The president of neighboring Uganda, Yoweri Museveni, admitted for the first time on Wednesday that he was helping South Sudanese President Salva Kiir to fight the rebel forces.

Ugandan officials had previously denied taking any part in combat, insisting their troops were evacuating stranded Ugandans and helping protect the airport and the presidential palace in South Sudan's capital Juba.

Kampala's military involvement has annoyed Ethiopia, which is hosting peace talks, and raised worries that it could expand a conflict that, according to one independent estimate, may have killed up to 10,000 people since it erupted in mid-December.

Peace talks aimed at ending the fighting between Kiir's forces and supporters of Riek Machar, who was sacked as vice president in July, are being sponsored by the regional African body IGAD in the Ethiopian capital Addis Ababa.

"IGAD has our complaint. The foreign troops have complicated the conflict so I think it's also a matter of common sense for them to withdraw," said Mabior Garang, a spokesman for Machar's delegation attending the Addis Ababa talks.
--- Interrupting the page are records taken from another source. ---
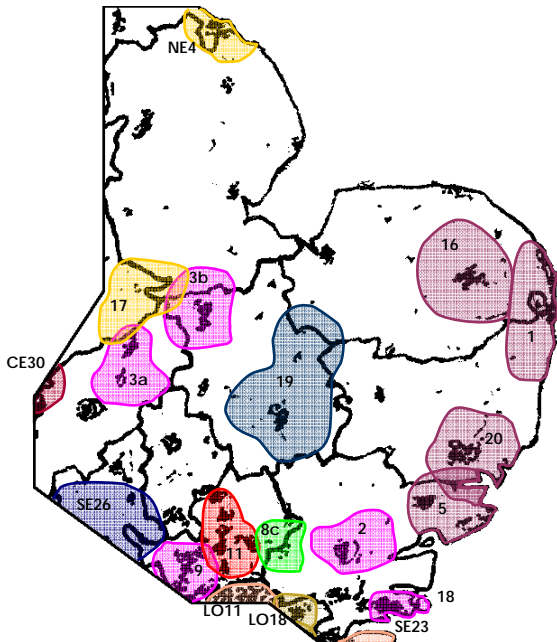

Eastern England

THE BEACH

DAB EA1		200 000
Adult	Tindle	200 000
Southwold area, Suffolk	97.4 Blythburgh	0.24
Great Yarmouth	97.4 Great Yarmouth	0.05
Great Yarmouth & Lowestoft	103.4 Lowestoft	2.0

29/9/1996. Southwold added 2/2004. Gt Yarmouth relay 2007.

CHELMSFORD RADIO

EA2		210 000
Adult, Oldies	Adventure Radio	210 000
Chelmsford & Central Essex	107.7 Church Green	0.1

18/10/1998 as Chelmer FM. Dream 107.7 FM from 18/2/2002. Chelmsford Radio from 2009

CONNECT RADIO

EA3		380 000
Adult, Oldies	Adventure Radio	380 000
Wellingborough area	a 97.2 Wellingborough	0.1
Peterborough area	b 106.8 Gunthorpe	0.1
Kettering and Corby area	a 107.4 Geddington	0.2

a: 6/4/1990 as KCBC. Moved from AM to FM and Connect on 97.2 on 4/1998. Connect on 107.4 from 22/11/1999.
b: 24/7/1999 as Lite FM. Connect Radio from 4/1/2010
Stations merged 9/2010.

a: 12/2/1989 as CNFM. Renamed Q103 in 1995. Haverhill added 2007.
b: 20/7/1980 as Hereward FM.
Heart from 5/1/2009. Stations merged 2/7/1010.

HEART EAST ANGLIA

DAB EA7		1 100 000
Adult	Global Radio	1 100 000
South and East Suffolk	a 97.1 Foxhall Heath	3.4
West Suffolk	a 96.4 Great Barton	2.0
East Norfolk and NE Suffolk	b 102.4 Stoke Holy Cross	3.3

"These are sticking points that the government does not want to move away from," he said.

"MILITARY PACT"

A member of Kiir's delegation, who declined to be named, said: "We have a military pact with Uganda. The status of our cooperation should only be discussed among the two governments, not with a rebel group."

The two sides' delegations have so far made no obvious sign of progress towards a ceasefire deal.

The Kiir government has previously rejected rebel demands that 11 detained politicians allied to Machar be released before a ceasefire is signed. Juba insists they must be investigated.

The rebels have since said that freeing detainees is not a precondition for a ceasefire. They are now focusing on Uganda's role and have also demanded the end of a state of emergency imposed by Kiir on the strategic regions of Jonglei state and the oil producing states of Upper Nile and Unity.

Uganda backed the SPLA, now led by Kiir, during the south's years of war with the Sudanese government in Khartoum. South Sudan declared independence in 2011, after a 2005 peace deal with Khartoum.

Machar has accused Uganda of staging air strikes against his supporters.

Uganda's Museveni has threatened Machar with defeat if he does not accept a ceasefire.

He has also said Machar should withdraw "to a remote area of the country to avoid attack and to start talks unconditionally so as to resolve the problem quickly".